Counting Labeled Regular Directed Graphs

Given a positive integer \(n\) and a prime number \(p\), count the number of labeled directed simple graphs on \(n\) vertices satisfying the following conditions:

• For every vertex \(i\) (\(1 \le i \le n\)), the out‐degree and in‐degree are both equal to 2, i.e. \(\deg_{out}(i) = \deg_{in}(i) = 2\).

Recall that a directed simple graph (or digraph) has no self–loops and no multiple edges. However, it is allowed that the two opposite directed edges \(u\to v\) and \(v\to u\) appear simultaneously.

The answer can be huge so you only need to output it modulo \(p\).

Observation and Reformulation:

Since every vertex has out–degree 2, one way to form such a graph is to independently choose, for each vertex, two distinct targets from the other \(n-1\) vertices. This gives \(\Bigl(\binom{n-1}{2}\Bigr)^n\) choices.
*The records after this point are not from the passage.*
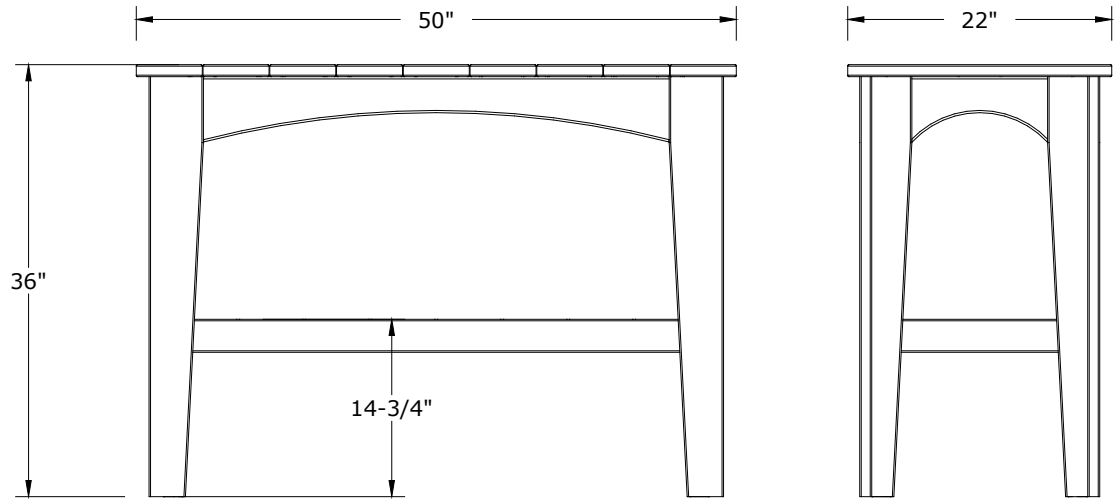

A	Overall Height	36"
B	Overall Depth	22"
C	Overall width	50"
D	Shelf Height	14-3/4"
Weight 100 Lbs.		

LuxCraftTM
FINE OUTDOOR FURNITURE

Island Buffet Table Dimensions	
10/30/ 2017	R.M.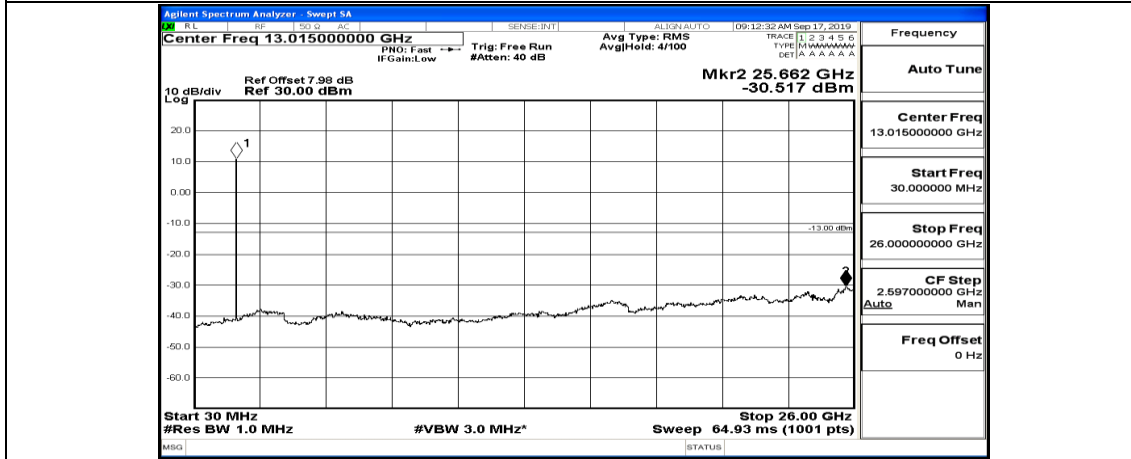

Channel Bandwidth: 10 MHz_HCH_16QAM_1RB#49

Channel Bandwidth: 15 MHz

(Channel Bandwidth:15 MHz)_LCH_QPSK_1RB#0

(Channel Bandwidth:15 MHz)_LCH_QPSK_1RB#37

(Channel Bandwidth:15 MHz)_LCH_QPSK_1RB#74

(Channel Bandwidth:15 MHz)_MCH_QPSK_1RB#0

(Channel Bandwidth:15 MHz)_MCH_QPSK_1RB#37

(Channel Bandwidth:15 MHz)_MCH_QPSK_1RB#74

(Channel Bandwidth:15 MHz)_HCH_QPSK_1RB#0

(Channel Bandwidth:15 MHz)_HCH_QPSK_1RB#37

(Channel Bandwidth:15 MHz)_HCH_QPSK_1RB#74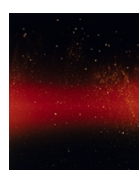

Time Shift
(*The Depth of Darkness, the Return of the Light*), 2020
framed unique photogram on c-type paper
62.2 x 52 x 4 cm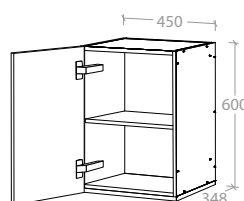

Wall Cabinet 450mm - 1 Door

Pure Silk	MCKLPSIWCXX4506XX	$359.00
Decor	MCKLDECWCXX4506XX	$379.00
Classic	MCKLCLAWCXX4506XX	$459.00

Door can be Left or Right Hand hinged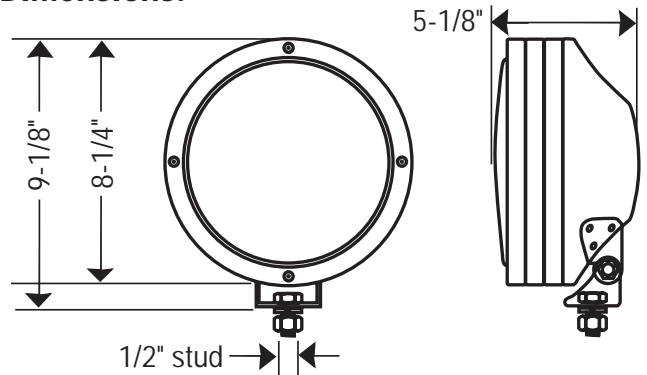

KC HiLITES

KC RALLY 800 HID Driving Lights

Document #05100481.1 5/10

Driving - Stainless
50 Watt
Pair Pack: #862
Single: #1862

Photometrics:

Features

- Rugged 8" Dia. All Stainless Steel Housing
- Sturdy, Oversize Mounting Flanges
- Hard Coated Lexan® Lens
- Slim, Lightweight, Weather Resistant, Solid State 50 Watt HID Ballast
- Choice of Polished or Black Painted Finish

Also available in 130 watt Halogen

Pair Packs Include:

- Two Rally 800 HID driving lights
- Two 50 watt ballasts
- Fully assembled pre-terminated harness with weather proof plug connectors
- Two protective stone guards
- Illustrated installation instructions

Dimensions:

RALLY 800 HID Driving PAR 56 - 8" Round Housings

Pair Pack Part #	Single Light Part #	Beam Type/Color	Finish	Watts	Beam Candlepower	Lumens	Lens/Reflector Assembly	Bulb	Bezel	Lens Gasket	O-Ring
862	1862	Driving - Clear	Stainless Steel	50	385,000	5000	4203H	2602	3612	3077P	3077N
863	1863	Driving - Clear	Black Stainless	50	385,000	5000	4203H	2602	3612B	3077P	3077N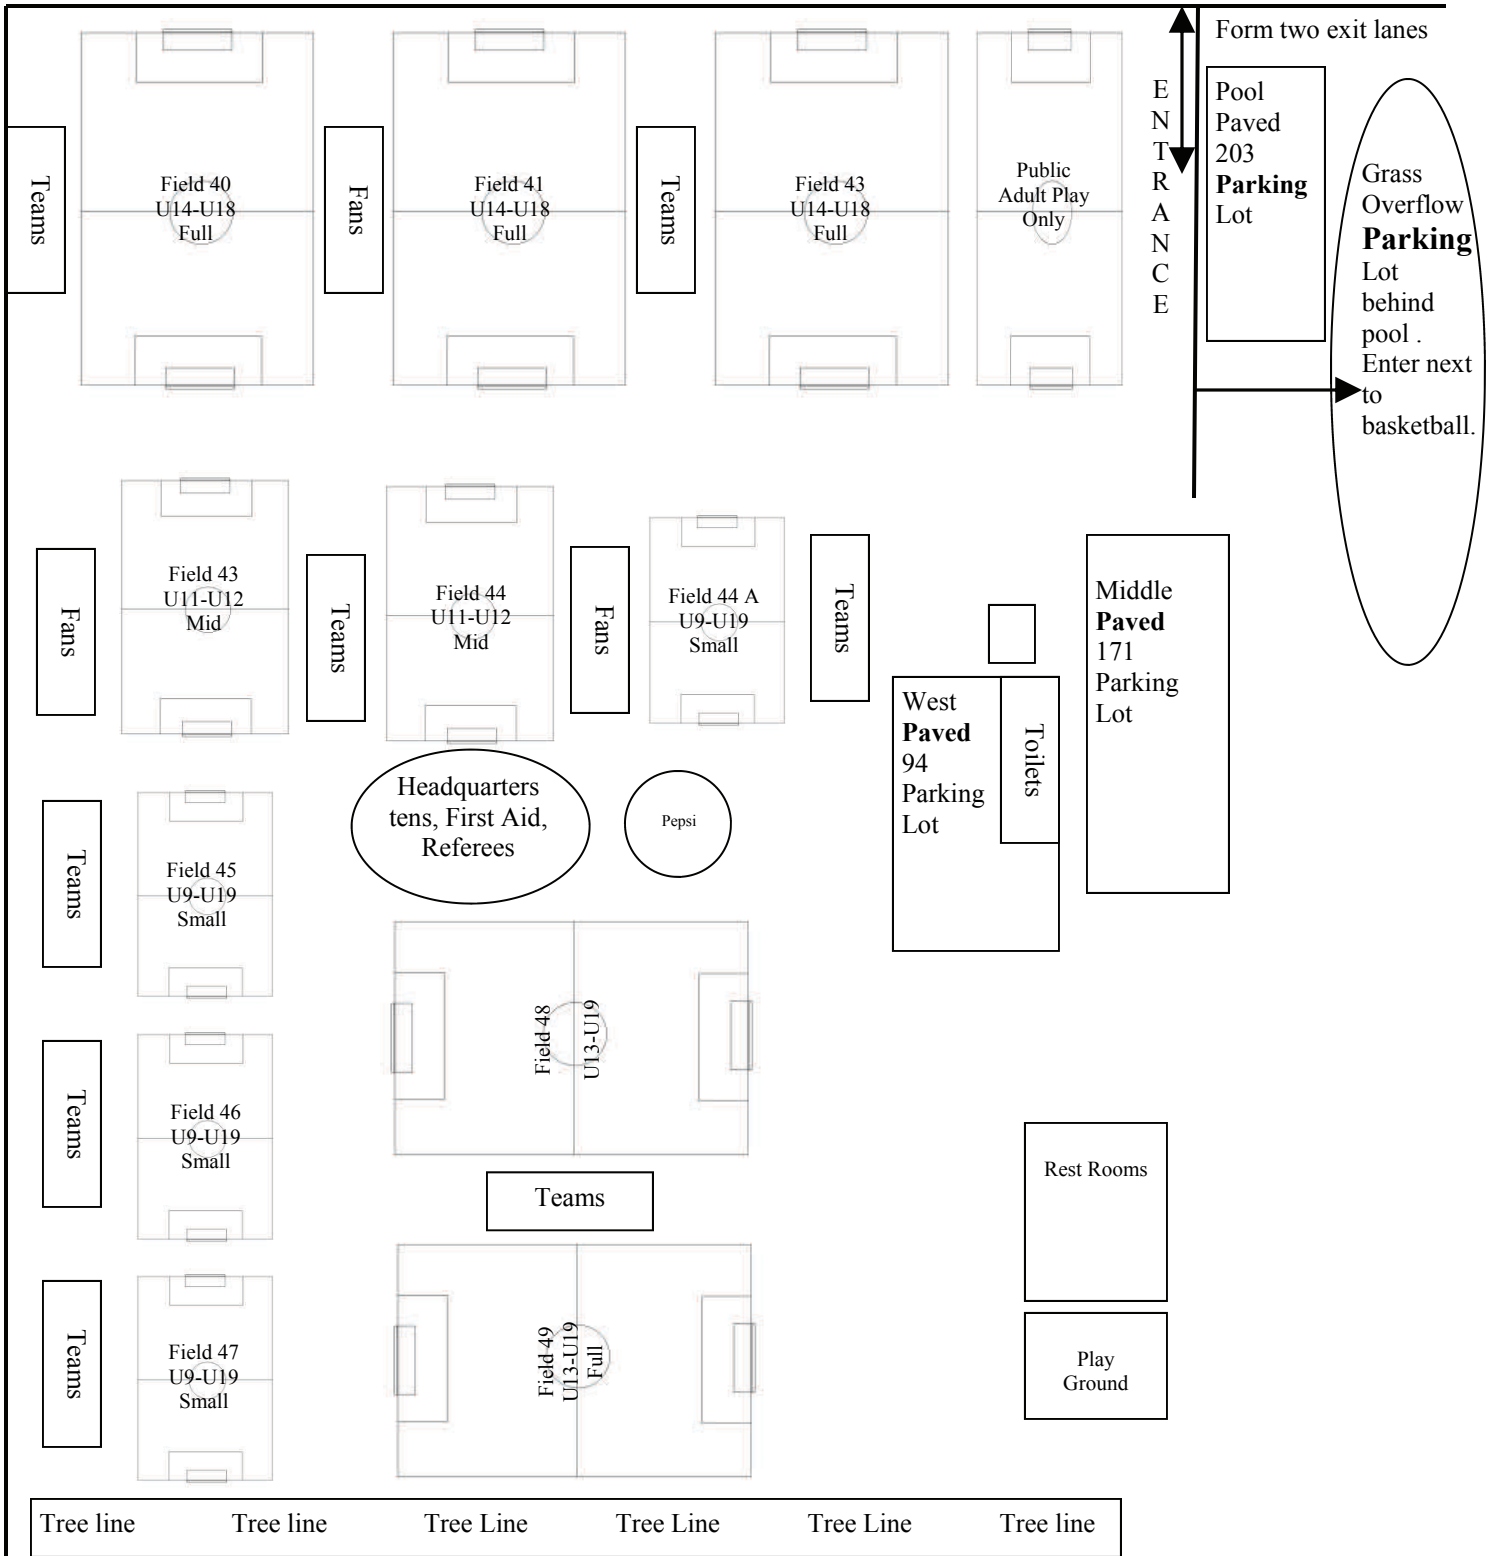

Fields 50-54 located at Eagle's Crest Eagle Creek Park

7201 Fishback Rd. Indianapolis, IN 46254

62nd Street

M
O
L
L
E
R

R
D

Tree line Tree line Tree Line Tree Line Tree Line Tree line

Park in the Park. For Safety, no parking and no drop offs along Moller Rd. and 62nd Street. Form two lanes at exit.
Please do not park on Church property or in neighborhood.

However, not all these choices lead to each vertex having in–degree 2. In fact, the valid graphs are exactly those for which the chosen edges (a total of \(2n\) edges) form a 0–1 matrix \(A=[a_{ij}]\) with zeros on the diagonal and each row and column summing to 2.

An alternative view is to notice that any such graph can be decomposed into the union of two disjoint permutation–matrices (with no fixed points). In other words, if we denote by \(!n\) the number of derangements (permutations without fixed points) of \(n\) elements, then every valid graph corresponds (in a 2–to–1 fashion) to a pair of derangements \((\sigma,\tau)\) satisfying \[ \tau(i)\neq\sigma(i)\quad \text{for every } i=1,2,\dots,n. \] Thus the answer is \[ \frac{1}{2}\,\Bigl|\{(\sigma,\tau):\,\sigma\hbox{ and }\tau\hbox{ are derangements of }[n],\, \tau(i)\neq \sigma(i)\,\forall i\}\Bigr| \pmod{p}. \]

Note: Because of the complexity of a closed–form solution, it is assumed that \(n\) is small (for example, \(n\le 8\)). A brute–force generation of all derangements and then counting the pairs that are disjoint (i.e. they never choose the same target for the same vertex) is acceptable.

inputFormat

The input consists of two space–separated integers \(n\) and \(p\) on a single line:

1. \(n\) — the number of vertices.
2. \(p\) — a prime number to take the answer modulo \(p\).

outputFormat

Output a single integer: the number of labeled directed simple graphs satisfying the degree conditions, taken modulo \(p\).

sample

3 1000000007

1